#### Material for the task:
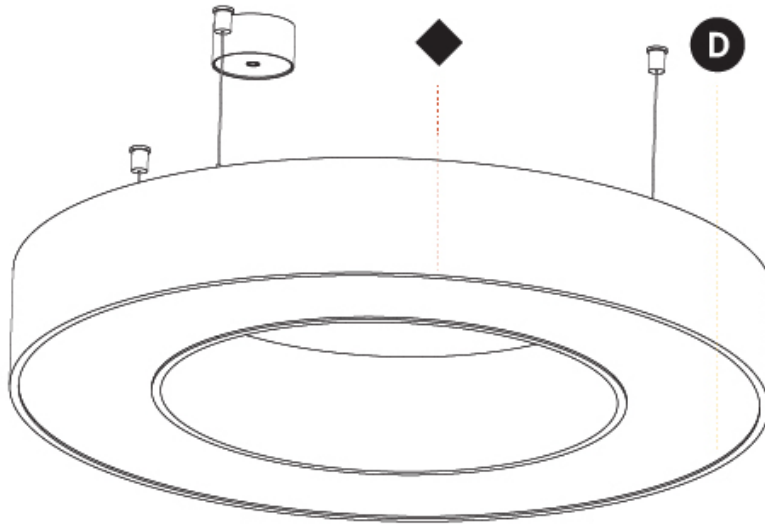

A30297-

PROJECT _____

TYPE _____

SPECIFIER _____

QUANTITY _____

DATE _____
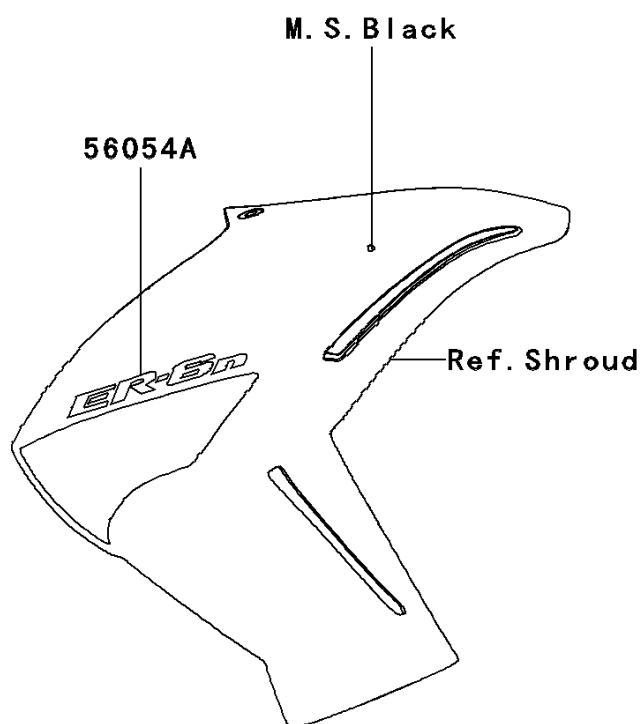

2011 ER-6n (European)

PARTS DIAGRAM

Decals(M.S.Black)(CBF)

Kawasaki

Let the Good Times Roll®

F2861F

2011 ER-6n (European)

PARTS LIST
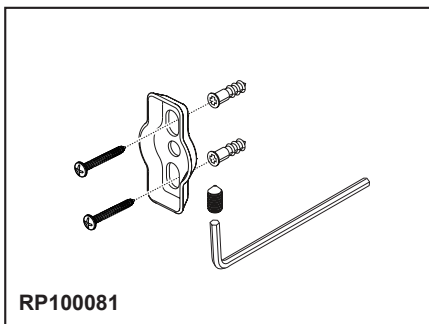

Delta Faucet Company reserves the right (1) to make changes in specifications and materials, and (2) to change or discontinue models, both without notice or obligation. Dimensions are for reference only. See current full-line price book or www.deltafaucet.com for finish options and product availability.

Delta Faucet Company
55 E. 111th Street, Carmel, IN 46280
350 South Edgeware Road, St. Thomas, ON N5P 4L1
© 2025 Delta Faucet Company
...
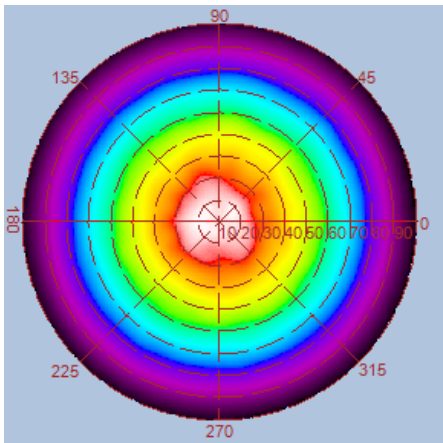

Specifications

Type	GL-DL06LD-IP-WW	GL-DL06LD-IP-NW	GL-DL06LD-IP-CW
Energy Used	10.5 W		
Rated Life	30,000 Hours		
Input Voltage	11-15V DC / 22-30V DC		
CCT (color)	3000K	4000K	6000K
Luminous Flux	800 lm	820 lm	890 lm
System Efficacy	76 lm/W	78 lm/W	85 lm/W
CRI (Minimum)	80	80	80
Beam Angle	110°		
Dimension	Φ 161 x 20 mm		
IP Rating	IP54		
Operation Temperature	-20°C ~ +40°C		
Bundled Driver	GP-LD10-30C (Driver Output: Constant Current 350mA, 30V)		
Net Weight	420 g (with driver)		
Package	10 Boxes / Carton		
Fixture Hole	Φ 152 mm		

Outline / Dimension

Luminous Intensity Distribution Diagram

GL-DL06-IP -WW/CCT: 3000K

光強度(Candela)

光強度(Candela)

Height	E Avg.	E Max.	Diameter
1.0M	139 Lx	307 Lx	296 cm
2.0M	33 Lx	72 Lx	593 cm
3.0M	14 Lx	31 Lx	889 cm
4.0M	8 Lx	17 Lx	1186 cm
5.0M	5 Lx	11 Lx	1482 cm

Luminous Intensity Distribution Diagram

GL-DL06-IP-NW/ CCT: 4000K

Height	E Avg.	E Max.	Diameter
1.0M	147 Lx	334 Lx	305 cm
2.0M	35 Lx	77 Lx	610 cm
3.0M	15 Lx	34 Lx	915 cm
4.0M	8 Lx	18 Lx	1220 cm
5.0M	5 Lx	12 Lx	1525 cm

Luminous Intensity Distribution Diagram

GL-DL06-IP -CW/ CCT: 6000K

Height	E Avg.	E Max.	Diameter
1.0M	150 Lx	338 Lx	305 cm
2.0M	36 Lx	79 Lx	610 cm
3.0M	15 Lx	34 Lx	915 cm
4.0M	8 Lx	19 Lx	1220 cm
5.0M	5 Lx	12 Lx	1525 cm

#### Task statement:
Go through the listing above and list every line that has the word "Company".

#### Solution below:
Delta Faucet Company reserves the right (1) to make changes in specifications and materials, and (2) to change or discontinue models, both without notice or obligation. Dimensions are for reference only. See current full-line price book or www.deltafaucet.com for finish options and product availability.
Delta Faucet Company
© 2025 Delta Faucet Company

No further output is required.